# New Hallowindow Animations! Wait... what? Really? Yeah... mostly!



## Skeletal (Apr 11, 2008)

Hi folks!

It's been a long time since I've been in the old digital decorating game but I've managed to put together some new versions of some of the very first Hallowindow animations I created WAY back in... well, it was a long time ago, believe me. Anyway, those old videos were created at what was Standard Definition at the time (640 x 480 pixels) and I was just starting out with animation. I've learned some tricks since those days so I applied it to *completely rebuilding 4 Classic animations* and making them 4K (3840 x 2160). So it's a big jump. Don't have a 4K projector? That's OK, neither do I! I also include 1080p versions which are still way bigger than the old animations. You can head on over to the New Products section at Hallowindow.com to see previews. And you can also check out the announcement video...

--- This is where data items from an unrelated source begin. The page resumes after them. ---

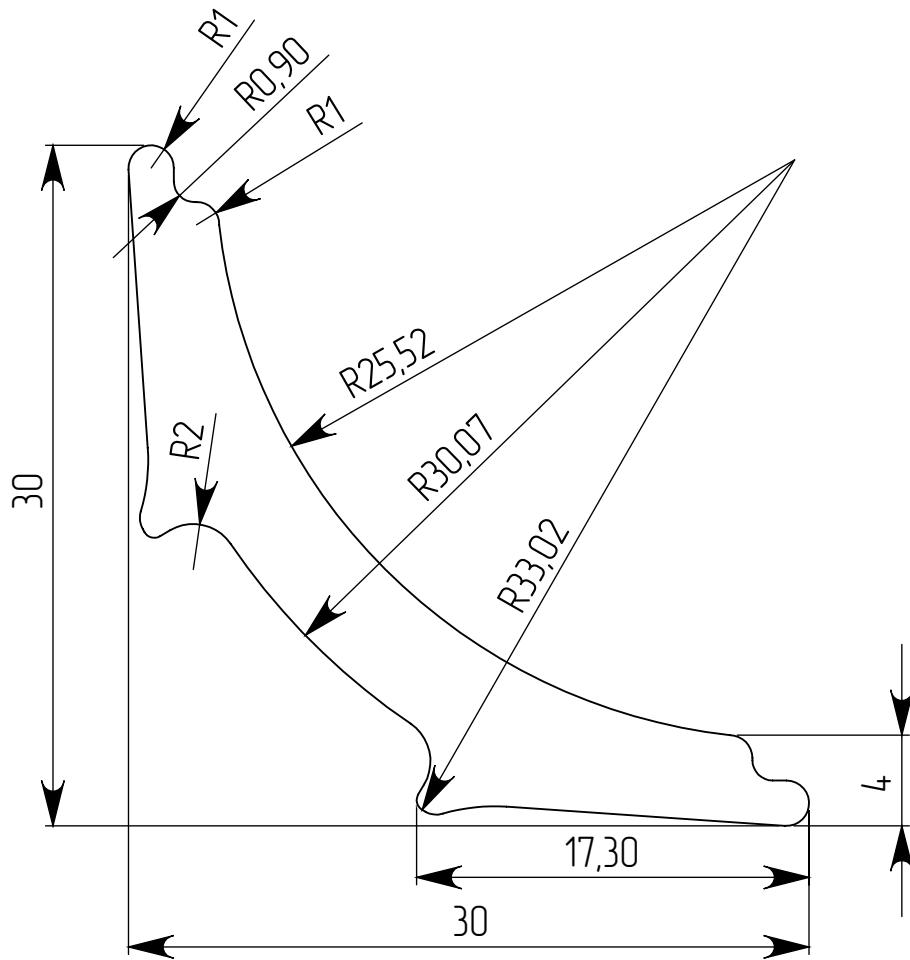

Все чертежи являются собственностью ООО "Первый Профильный Завод" (ИНН 7713714191). Копирование, использование и ссылки категорически запрещены, без письменного согласия.

M 3:1

M 1:1

S:	205,04	мм ²					
P:	100,24	мм					
m:	0,123	кг/мл					
D:	2,7	м					
Изм.	Лист	№ документа	Подпись	Дата	Галтель NL 30		
Разраб.	Догадин С.В.			03.06.2011			
Пров.							
Т. контр.					Лист:	Масса	Масштаб
Н. контр					Лист:	Листов:	
Утв.					Вспененный ПВХ		
ООО "ППЗ" тел./факс (495) 601-86-79							
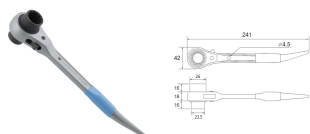

品番：EA602AB-11

品名：17x19mm/241mm 両口ラチェットレンチ(ショート・アルミ合金)

販売価格	5,800円(税抜) / 6,380円(税込)		
カタログ価格	5,800円(税抜) / 6,380円(税込)		
在庫数	最新在庫: 2 (2026/05/04 16:40現在)		
商品入数	1	販売単位	丁
カタログページ	0487ページ		

仕様

メーカー	トップ工業(TOP)	型番	RM-17X19A
サイズ	17×19mm	ギア数	24(15°送り)
最大トルク	196.1N・m	厚み	50mm
全長	241mm	重量	235g
材質	本体:アルミ ソケット:クロムバナジウム鋼	グリップカラー	ブルー

本体アルミ製の軽量ラチェットレンチ

作業性を追及したコンパクトなショートタイプ

大きく開いた爪の切り替え部は、過酷な条件下での作業中に泥水・砂等が入ってきてもすぐに排除安定したラチェット作動が得られます。

グリップは滑り難く、サイズの識別が出来るカラーグリップ付き

爪は勿論鍛造品であり強度が抜群

セーフティコード用の穴が2ヶ所あります。

12ポイント

左右切替式

シノ付き

<注意>

- ・本体はアルミ製ですので、叩いたり、こじったりすると破損しますのでご注意ください
- ・ボルト・ナット等の二面幅に合わせてご使用ください
- ・パイプ等を継ぎ足して使用しないで下さい
- ・高所作業での使用は、セーフティコード等取り付けて落下防止策をして下さい
- ・工具の使用目的以外に使用しないで下さい

株式会社エスコ

大阪府大阪市西区立売堀3丁目8番14号 06-6532-6226(代表)
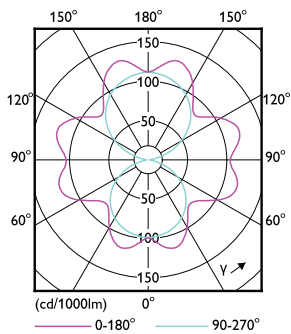

Données photométriques

LEDTForce Core road 17W Tshape E27-LDD

LEDTForce Core road 17W Tshape E27 730-GUL

Wishing everyone a wonderful Halloween!!


----------



## Rich B (Sep 23, 2005)

These look amazing, I've always loved your eyeballs! Great to see you back in the game, digital decorating has come a long way and every content provider does things differently and there is plenty of room at the table for everyone!!! 😁


----------



## Skeletal (Apr 11, 2008)

Thanks @Rich B ! Fun to be back!


----------